It's a classic whodunnit(gamebook) with 180 references.On the back cover it boasts: It's someone different (the killer) every time you play!Except that there are only six suspects,so there are only six different games.
But it still sounds interesting,right?The paths are probably intertwined with each other,making it like a mini Appointment with FEAR.Wrong.The six different games are like I said,different.Totally different.So it's actually six different gamebooks with the same plot combined into one book.Still not too bad,right?
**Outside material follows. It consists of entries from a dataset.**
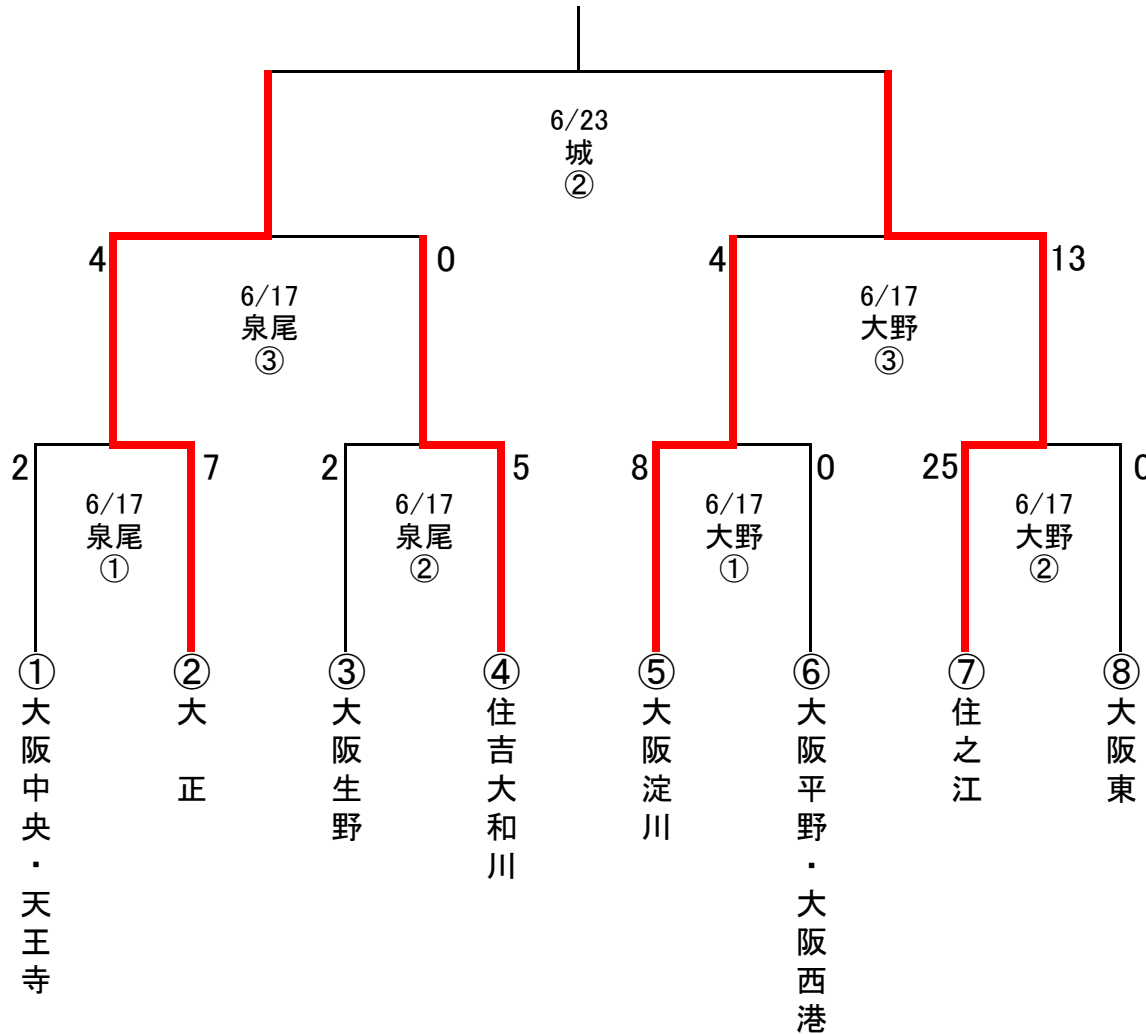

# 2012年度 関西連盟マイナー大会中央ブロック予選

- 1位 第1代表
- 2位 第2代表
- 3位 第3代表

90分を超えて次のイニングには入らない  
 ただし、4回までは実施する  
 コールドも採用  
 自リーグの試合で各リーグ1名審判をだすこと  
 ウilson球を使用

- ① 9:00
- ② 10:30
- ③ 13:00
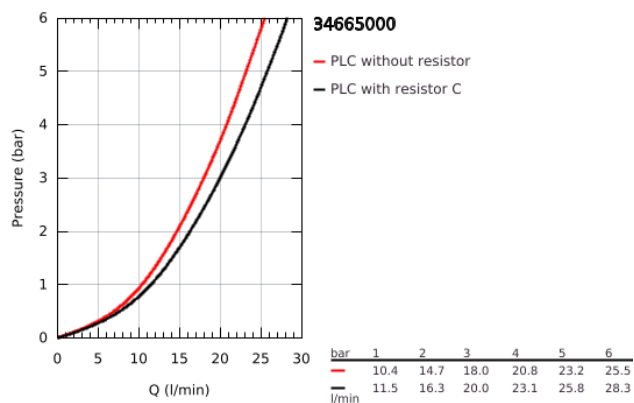

34 665 000 GROHTHERM SPECIAL TERMOSTÁTICA DE BANHEIRA E DUCHE 1/2"

DESCRIÇÃO DO PRODUTO

- Colour: cromado
- Montagem na parede
- Manipulos ergonómicos
- Aquadimmer multi-funções:
- Regulação de caudal
- Corte de águas misturadas integrado
- Inversor para banheira/duche
- Cartucho compacto GROHE TurboStat com termoelemento em cera
- Limitador ecológico de temperatura máxima entre 35 e 43°
- Fácil desinfeção térmica por opção com 47 994 000
- Saída inferior para duche de 1/2" com válvula anti-retorno integrada
- Mousseur laminado
- Filtros anti-sujidade
- Com Rácor em S e tampas
- GROHE FastFixation para uma rápida substituição de válvulas anti retorno
- Acabamento GROHE LongLife
- GROHE SafetyPlus

34 665 000 GROHTHERM SPECIAL TERMOSTÁTICA DE BANHEIRA E DUCHE 1/2"

PEÇAS DE REPOSIÇÃO , julho 2015 – now

- 1: Manipulo de fecho (Spare part-nr. 49004000)
- 2: bloqueio (Spare part-nr. 47925000)
- 3: Aquadimmer (Spare part-nr. 12433000)
- 4: Fluxo de água (Spare part-nr. 47751000)
- 5: Manipulo de controlo da temperatura (Spare part-nr. 49005000)
- 6: anel de fixação (Spare part-nr. 47743000)
- 7: Termoelemento TurboStat 1/2" (Spare part-nr. 47439000)
- 7: Termoelemento TurboStat 1/2" (Spare part-nr. 47885000)
- 8: Passagem de água (Spare part-nr. 47975000)
- 9: válvula anti-retorno (Spare part-nr. 47979000)
- 10: Rácor em S (Spare part-nr. 12058000)
- 10.1: Obturador 1/2" (Spare part-nr. 0138600M)
- 10.2: Conjunto de 10 espelhos (Spare part-nr. 45545000)
- 11: Perlator tipo "Mousseur" (Spare part-nr. 49015000)
- 12: Sede 1/2" (Spare part-nr. 08565000)
- 13: extensão (Spare part-nr. 46238000)*
- 14: Cartucho GROHE TurboStat 1/2" (Spare part-nr. 47175000)*
- 15: Manipulo desbloqueador de temperatura (Spare part-nr. 47994000)*
- 16: Chave de porcas (Spare part-nr. 19377000)*
- 17: Chave de caixa (Spare part-nr. 19332000)*
- 18: Termómetro °C (Spare part-nr. 19001000)*
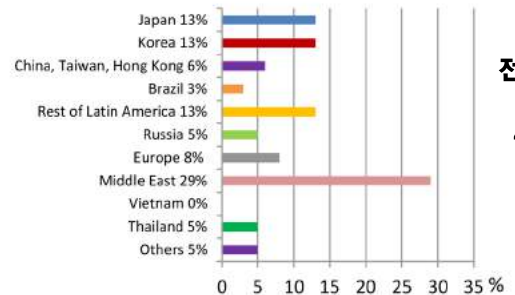

전체 학생 수
40~50명

Saint Peter's University

New York 과 거리가 가까운 New Jersey, Jersey City 에 위치한 Saint Peter's 는 대학교 캠퍼스를 가지고 있습니다. NY 까지의 거리는 Path 이용 시 약 20분 정도 소요 됩니다. Path는 Express Subway 라고 보시면 됩니다. FLS 들은 SPU 의 학생증을 발급 받게 되며, 모든 시설 이용이 가능 합니다. 또한, 대학내의 기숙사 이용 역시 가능 합니다. 기숙사의 경우 자리가 여유롭지 않기에, 신청시 미리 확인 해야 합니다.
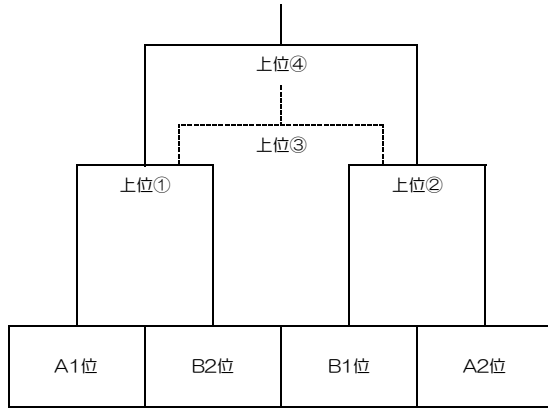

第八回 本能寺信長杯争奪サッカーフェスティバルU-14《12月28日》大会3日目

【上位トーナメント】

宝ヶ池球技場（人工芝）

（責任者）

試合番号	KICK OFF	対戦カード		備考
上位①	9:30	A1位	× B2位	
上位②	10:50	B1位	× A2位	
交流戦	12:10		×	25分×1本
交流戦	12:40		×	25分×1本
上位③	13:20		×	
上位④	14:40		×	
閉会式	16:10	上位4チームのみ参加		
17:00完全撤収				

第八回本能寺信長杯争奪サッカーフェスティバルU-14～最終順位～	
1	
2	
3	
4	
5	
6	
7	
8	

【下位トーナメント】
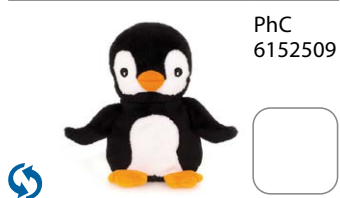

Esel
Âne

PhC
6147589

Rehkitz Bambi
Bambi

PhC
6696706

Lämmchen
Agneau

PhC
6696712

Promotion 10% :

ab einem Bestellwert von
à partir d'une commande de

Fr. 250.-

(exkl. MwSt. TVA excl.)

Gültig bei Bestellung
direkt bei Sahag

Valable pour
commandes passées
directement à Sahag

Fuchs
Renard

Kuh
Vache

Schaf
Mouton

Löwe
Lion

Schützengelbär
Ours porte-bonheur

Pinguin
Pingouin

Esel
Âne

Hase
Lapin

POS

Bodendisplay
Présentoir au sol

Fr. 16.00

52 x 27 x 116 cm
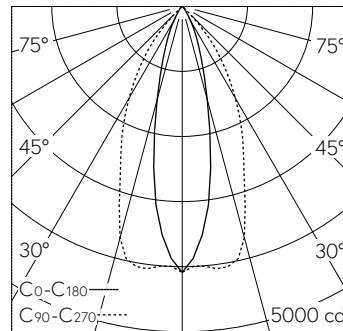

LIOR Downlight für Deckeneinbau mit umfassenden Individualisierungsmöglichkeiten. COB-LED Lightengine in der Farbtemperatur 3000 K. Hohe Farbkonsistenz (2 SDCM initial) und gute Farbwiedergabe (CRI≥90). Aluminium-Druckgusskühlkörper, pulverbeschichtet schwarz RAL 9005. PMMA-Linsoptik in besonders flacher Bauweise. Darklight-Abblendkonus aus Kunststoff, hochglanzaluminiumbedampft mit farbloser und kratzfester Schutzlackierung. Halbwertwinkel Oval Flood, Abschirmwinkel 30°. Einbau mit Rand aus Kunststoff in Schwarz RAL 9005. Direkteinbau in Deckenausschnitt Ø 145 mm. Befestigung über schraubbare Kipp-Montagehebel. Konverter BasicDim Wireless. Sekundärkabel mit Zwischenstecker zur vorgängigen Installation des Konverters. Einspeisung auf zugentlastete Klemme.

5 Jahre Garantie.

Lieferung in 2 Verpackungseinheiten.

h [m]	C ₀ -C ₁₈₀		C ₉₀ -C ₂₇₀		E (0°)
	D [m] 24°	D [m] 52°	D [m] 24°	D [m] 52°	
2	0.85	1.95	1.95	4.40	1022
4	1.70	3.90	3.90	8.80	255
6	2.55	5.85	5.85	13.20	114
8	3.40	7.80	7.80	17.60	64
10	4.25	9.75	9.75	22.00	41

LED 3000 K 16,5 W 1942 lm-h 24°/52° / CIE Flux 98 100 100 100 100 / A80 nach DL...

Technische Daten

Leuchtenlichtstrom	1942 lm-h
Anschlussleistung	16,5 W
Lichtausbeute	118 lm-h/W
Modullichtstrom	-
Modulleistung	-
Farbortstabilität	SDCM 2
Farbwiedergabe	CRI ≥ 90
Lichtstromerhalt	L80/B10 bei 79'000 h (25 °C)
Farbtemperatur	3000 K
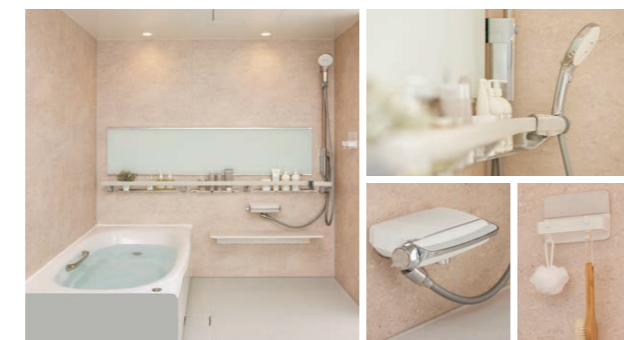

#4 ゆったりとお湯に浸かって過ごす、くつろぎのバスタイム。
[Bタイプ]

タイプ	Hタイプ	Bタイプ	Mタイプ	Fタイプ
サイズ	1620 1618 1616 1418 1416 1317 W1316 1316 1218 W1216 1216 S1216 1116			
本体標準価格 (1418サイズ)	¥1,803,000	¥1,550,000	¥1,362,000	¥1,215,000

Wrong.There is absolutely no deduction in the story,only memorisation.Then it asks you something from previous paragraphs that you did not think to memorise,a bit like details of some items in Curse of the Mummy.If you get it wrong,the murderer tries to kill you.If you get it right you get a clue.This is the part where you compare and delete,not deduce.For example the clue is:A short person could not have reached the shelf.Then you compare to the details of each person and cancel the one who is short,because he is not the murderer.And so on until you reach the end.
If you collected all the clues,you should be able to guess who it is easily.If not,too bad.Even if you win,the book doesn't state the murderer's motive.
If you've read until here,you'll probably realised that I don't like this book.You're right.The only good thing about this book is that it is small and portable.But it's so bad,you probably wouldn't even want to bring it along with you.
Don't let this review stop you from buying it.You may find it interesting.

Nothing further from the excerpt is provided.